Kinderen van 4 tot 12 jaar worden in Nederland gezien als schoolkinderen. Het merendeel van de kinderen maakt op vierjarige leeftijd zijn entree in de onderbouw van de basisschool. Voor vijfjarigen geldt de leerplicht. Hiermee wordt een ontwikkelingsmijlpaal geformaliseerd, geïnstitutionaliseerd en zichtbaar gemaakt.
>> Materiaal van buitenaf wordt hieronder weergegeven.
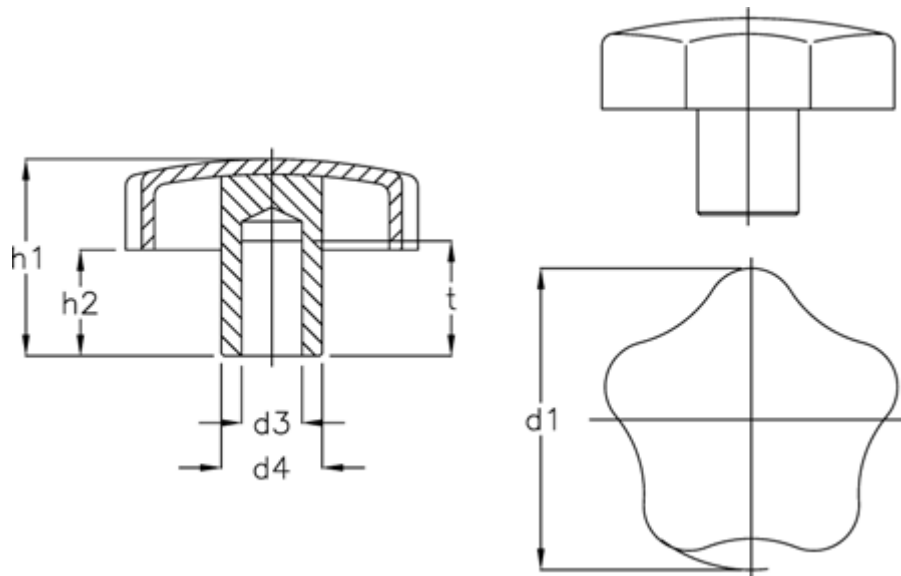

Article number: 20889197

Description: E+G Hand knob GN5334-40-B 8-C

Measures

d_1	= 40
d_2	= B 8
d_4	= 14
H_1	= 24
H_2	= 12.0
t_{\min}	= 15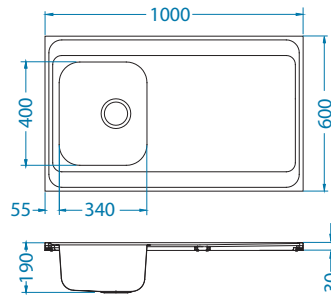

Classic Pro 70

1130551

Size: 1000 x 600 mm
Bowl dimensions: 340 x 400 x 190 mm

surface	code	type	waste	ø35 mm	*packing
SAT	1130471	reversible	3 1/2"	/	carton 1 / 8

SAT - satin

Način vgradnje:

Accessories:

Chopping board wooden 1016018
Strainer basket CHR 1109414
Strainer bowl stainless 1062602
AllRound 1131412

12.3.1 Lichamelijke groei en ontwikkeling
De enorme groeisnelheid van de eerste jaren daalt in het vijfde levensjaar tot ongeveer 7 cm per jaar (figuur 12.4). In de jaren daarna groeit een kind nog ongeveer 6 cm per jaar. Een meisje van 10 jaar groeit nog 5.5 cm per jaar; een jongen van 12 jaar 5 cm per jaar. Dan begint de puberteitsgroeispurt: een explosieve groeiversnelling waardoor kinderen in korte periode met hoge snelheid doorschieten naar nagenoeg volwassen lengte. Lengtegroei is ééndimensionaal, maar met de lengte neemt ook de massa toe.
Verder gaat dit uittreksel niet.